Glenbrook South holds first day-long careers event
Andrew Sykes talks about his job as an actuary at Connects, a career day at Glenbrook South High School in Glenview. | TODD SHIELDS~Sun-Times Media
Updated: January 21, 2013 2:09PM
GLENVIEW — From firefighters to physicists and from actors to actuaries, 185 professionals spent time talking to students at Glenbrook South High School in Glenview about careers in dozens of job fields.
The first GBS Connects, a career exploration day for students, was Dec. 12 when they attended 45-minute sessions, listening to work experiences of many interesting jobholders.
In all, 2,750 students in each of the four grade levels participated.
When students registered for school in November, they selected four career choices they would like learn about, said Lara Cummings GBS assistant principal for Student Services.

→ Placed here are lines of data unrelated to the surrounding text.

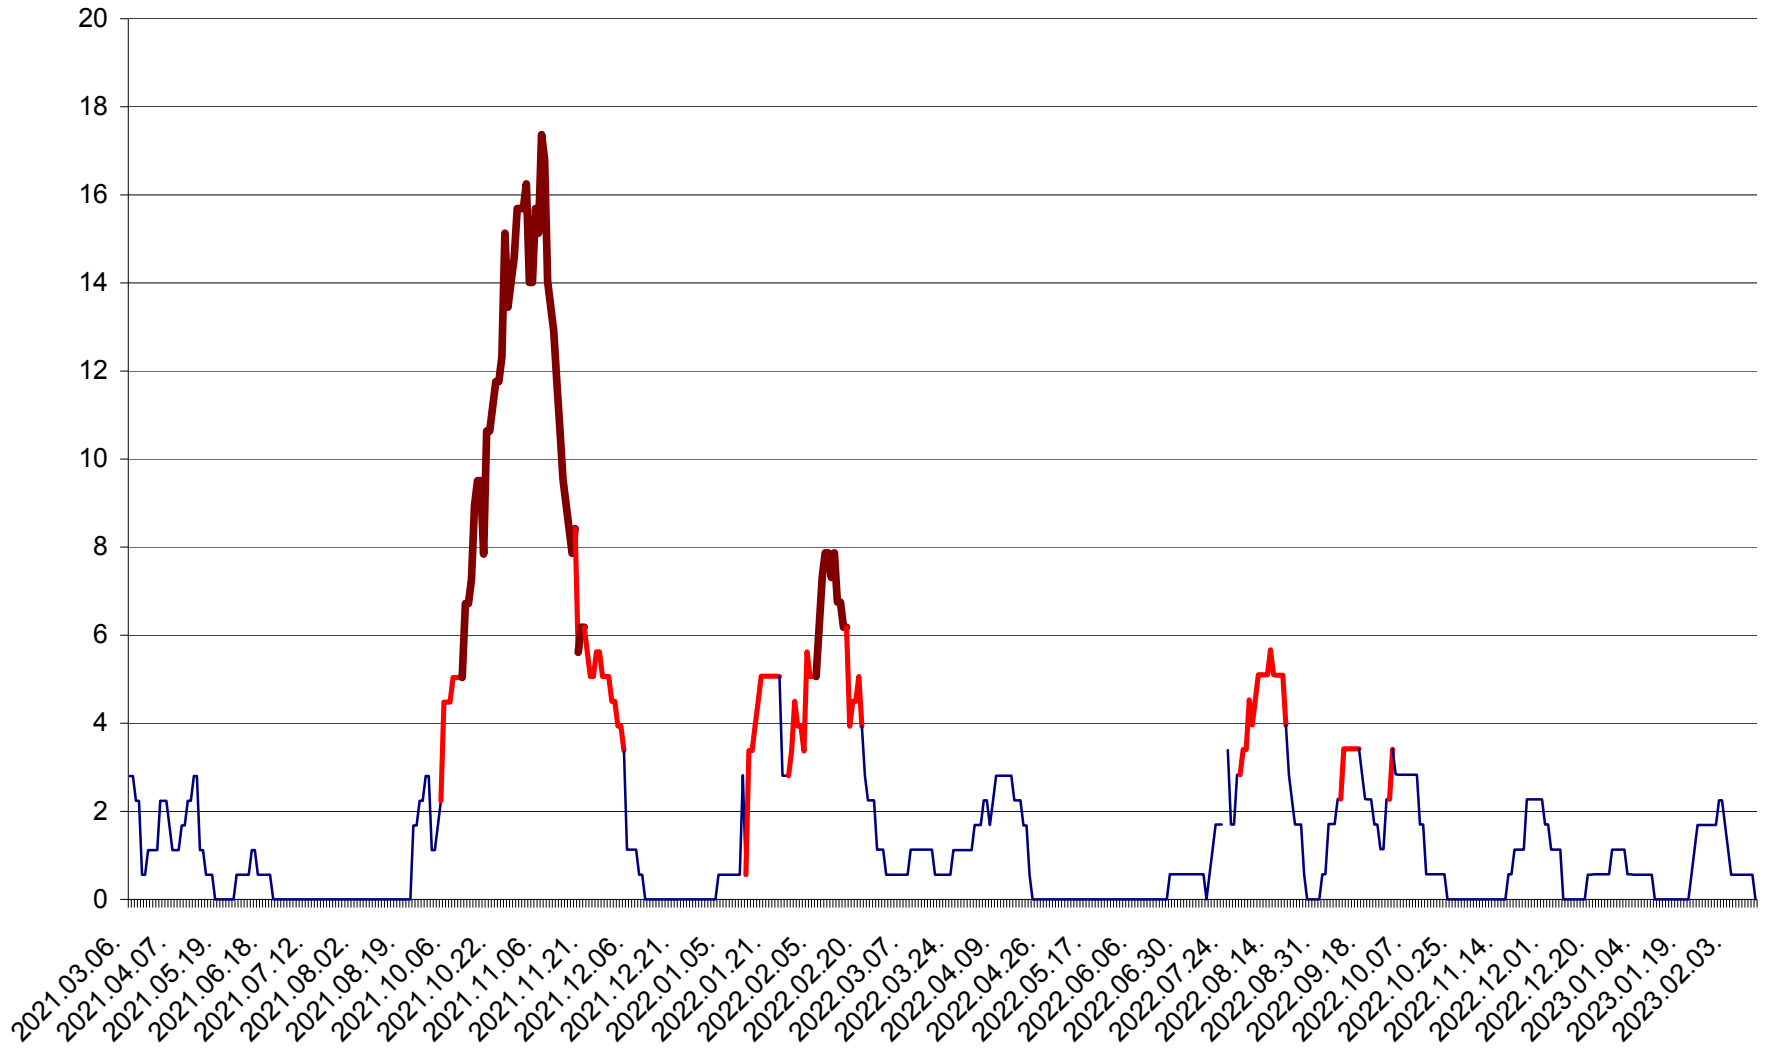

SÂNSIMION - Evolutia incidentei cumulate pe 14 zile la ‰ de locuitori
2021.03.07. - 2023.02.13.

SÂNTIMBRU - Evolutia incidentei cumulate pe 14 zile la ‰ de locuitori
2021.03.07. - 2023.02.13.

SĂRMAȘ - Evolutia incidentei cumulate pe 14 zile la ‰ de locuitori
2021.03.07. - 2023.02.13.

SATU MARE - Evolutia incidentei cumulate pe 14 zile la ‰ de locuitori
2021.03.07. - 2023.02.13.

SECUIENI - Evolutia incidentei cumulate pe 14 zile la ‰ de locuitori
2021.03.07. - 2023.02.13.

SICULENI - Evolutia incidentei cumulate pe 14 zile la ‰ de locuitori
2021.03.07. - 2023.02.13.

ȘIMONEȘTI - Evolutia incidentei cumulate pe 14 zile la ‰ de locuitori
2021.03.07. - 2023.02.13.

SUBCETATE - Evolutia incidentei cumulate pe 14 zile la ‰ de locuitori
2021.03.07. - 2023.02.13.

SUSENI - Evolutia incidentei cumulate pe 14 zile la ‰ de locuitori
2021.03.07. - 2023.02.13.

“We’re always trying to get students to think about college, but now we’re asking them why go to that college by exposing them to different career opportunities,” Cummings said.
“Some students may have always wanted to be a pharmacists, but don’t know what they do. Students take college courses and find out they’re not interested.”
Andrew Sykes, an actuary and chairman of Health at Work Wellness Actuaries in Chicago, told students that professionals in his vocation used mathematics, statistics, economics and clear English to predict people’s behavior in figuring health insurance premiums and pensions often decades into the future, for instance.
He said the three most common job areas for actuaries were in retirement and pensions, health and life insurance.
“How much money did you need to save each month to live comfortably in retirement? It’s a hard job because so many people love to spend it now, especially young people like you,” Sykes told a dozen amused teenagers.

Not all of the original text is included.